We now take a closer look at the right-hand side and discretize the time variable t in (1) using equidistant time steps t_j = jh_t, j = 0, ..., t_max for time step size h_t. Multiplying this with the AP velocities u_k, k = 1, ..., N_MF, we achieve s_j = u_k t_j for the discretization of the muscle fiber coordinate s.

Furthermore, we remark that the linear dependency of the right-hand side on the intracellular conductivity is obvious under our assumptions, which include that the muscle fiber direction is one of the standard unit vectors, i.e., $\overrightarrow {d}={ \overrightarrow {e}}_{j}$ , j = 1, 2, or 3. If V_m is independent of σ_i, the structure of the right-hand side is the same as the structure of the operator. Then we see the linear structure of (16) that has the form

$\begin{equation*}{b}_{h}\left(p\right){:=}\sum\limits _{k=1}^{d}{p}^{\left(k\right)}{b}_{h}^{\left(k\right)}.\end{equation*}$

How to represent an arbitrary right-hand side in a parameter-dependent way is ongoing research.

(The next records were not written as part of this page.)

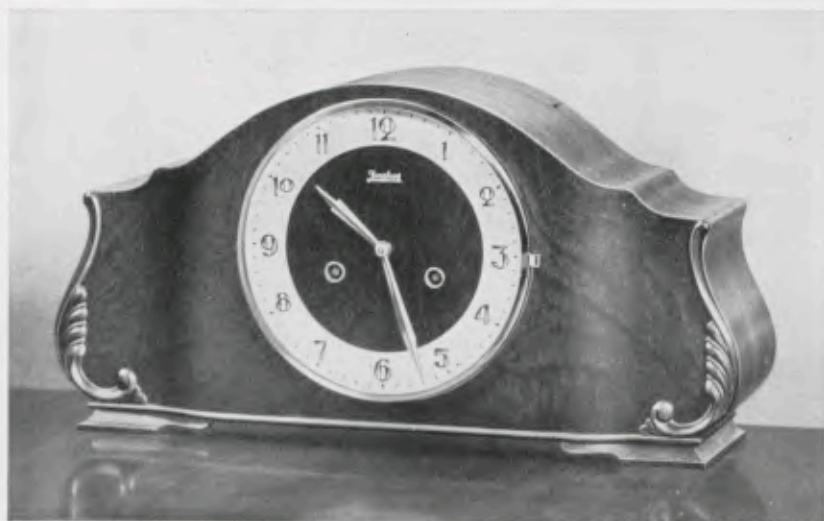

17/948

Nußbaum feinmatt, antik behandelt

17 cm Goldlunette, vergoldeter Zahlenreif mit erhabenen, polierten Zahlen, Bim Bam 3 Stäbe

Ladenpreis RM. 53.—

36/17/948

Synchron-Schlagwerk, Bim Bam 3 Stäbe

Ladenpreis RM. 66.—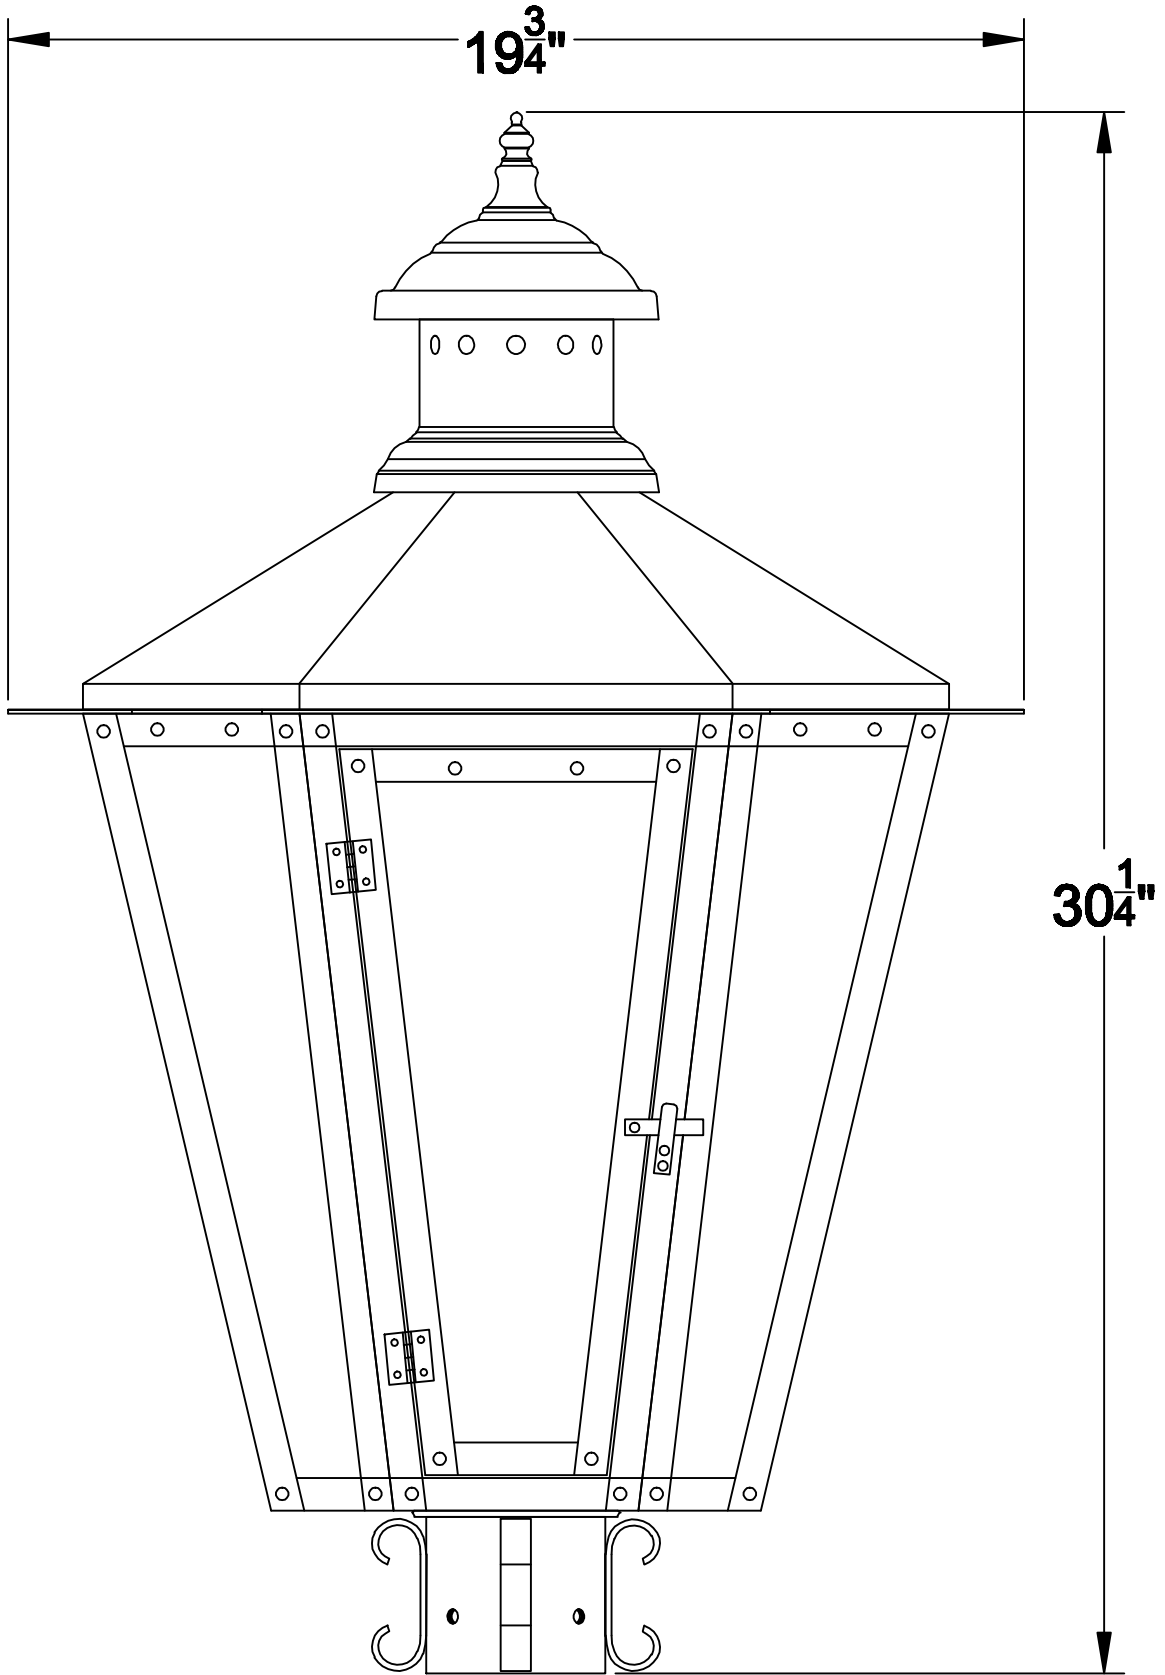

NW-32

PM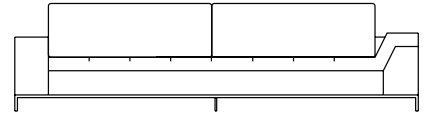

Inox Escovado

Sofá Cine, sofás com 2 braços (1 alto e 1 baixo)

SOFÁ 200 X 110 X 55 cm (LxPxA)  
Almofadas:  
01 unidade de futon de assento  
01 unidade de encosto  
01 unidade de rolinho de encosto

SOFÁ 220 X 110 X 55 cm (LxPxA)  
Almofadas:  
01 unidade de futon de assento  
01 unidade de encosto  
01 unidade de rolinho de encosto

SOFÁ 240 X 110 X 55 cm (LxPxA)  
Almofadas:  
01 unidade de futon de assento  
02 unidades de encosto  
02 unidades de rolinho de encosto

SOFÁ 260 X 110 X 55 cm (LxPxA)  
Almofadas:  
01 unidade de futon de assento  
02 unidades de encosto  
02 unidades de rolinho de encosto

SOFÁ 280 X 110 X 55 cm (LxPxA)  
Almofadas:  
01 unidade de futon de assento  
02 unidades de encosto  
02 unidades de rolinho de encosto

SOFÁ 300 X 110 X 55 cm (LxPxA)  
Almofadas:  
01 unidade de futon de assento  
02 unidades de encosto  
02 unidades de rolinho de encosto

We now discretize the parameter space by choosing a finite number of parameters ${p}_{h}{:=}\left({p}_{h}^{\left(1\right)},\dots ,{p}_{h}^{\left(\ell \right)},\dots ,{p}_{h}^{\left(d\right)}\right)$ from a discrete set ${\mathcal{J}}_{h}$ . We fix discrete values for all ${p}_{h}^{\left(\ell \right)}$ , i.e., ${p}_{h}^{\left(\ell \right)}\in \left\{{p}_{h}^{\left(\ell \right)}\left(1\right),{p}_{h}^{\left(\ell \right)}\left(2\right),\dots ,{p}_{h}^{\left(\ell \right)}\left({n}_{\ell }\right)\right\}$ , and reformulate our problem as:

$\begin{equation}\text{Solve}\enspace {A}_{h}\left({p}_{h}\right){\phi }_{h}\left({p}_{h},t\right)={b}_{h}\left({p}_{h},t\right)\quad \text{for}\enspace \text{all}\enspace {p}_{h}\in {\mathcal{J}}_{h}.\end{equation} \tag{ 18 }$

Assuming that each parameter ${p}_{h}^{\left(\ell \right)}$ can take n_ℓ different values, applying classical methods one has to solve a system of ${\prod }_{\ell =1}^{d}{n}_{\ell }\approx {n}^{d}$ linear equations. To overcome the curse of dimensionality in this case, we exploit the structure of the linear system, see section 3. We find a data-sparse representation of the problem that allows us to solve the parameter-dependent system for all ${p}_{h}\in {\mathcal{J}}_{h}$ simultaneously, analogously to [10]. For computing the solution of (18) for all possible ${p}_{h}\in {\mathcal{J}}_{h}$ , we define a large block-diagonal system with the operator

$\begin{equation*}\mathbf{A}{:=}\left(\begin{matrix}\hfill {A}_{1}^{\left(0\right)}\hfill & \hfill 0\hfill & \hfill \dots \hfill & \hfill 0\hfill \\ \hfill 0\hfill & \hfill {A}_{2}^{\left(0\right)}\hfill & \hfill \ddots \hfill & \hfill {\vdots}\hfill \\ \hfill {\vdots}\hfill & \hfill \ddots \hfill & \hfill \ddots \hfill & \hfill 0\hfill \\ \hfill 0\hfill & \hfill \dots \hfill & \hfill 0\hfill & \hfill {A}_{n}^{\left(0\right)}\hfill \end{matrix}\right){=:}\text{blkdiag}\left({A}_{1}^{\left(0\right)},\dots ,{A}_{n}^{\left(0\right)}\right),\end{equation*}$

where ${A}_{j}^{\left(0\right)}={A}_{h}^{\left(0\right)}+{\sum }_{\ell =1}^{d}{p}_{h}^{\left(\ell \right)}\left(j\right){A}_{h}^{\left(\ell \right)}$ denotes the jth diagonal block.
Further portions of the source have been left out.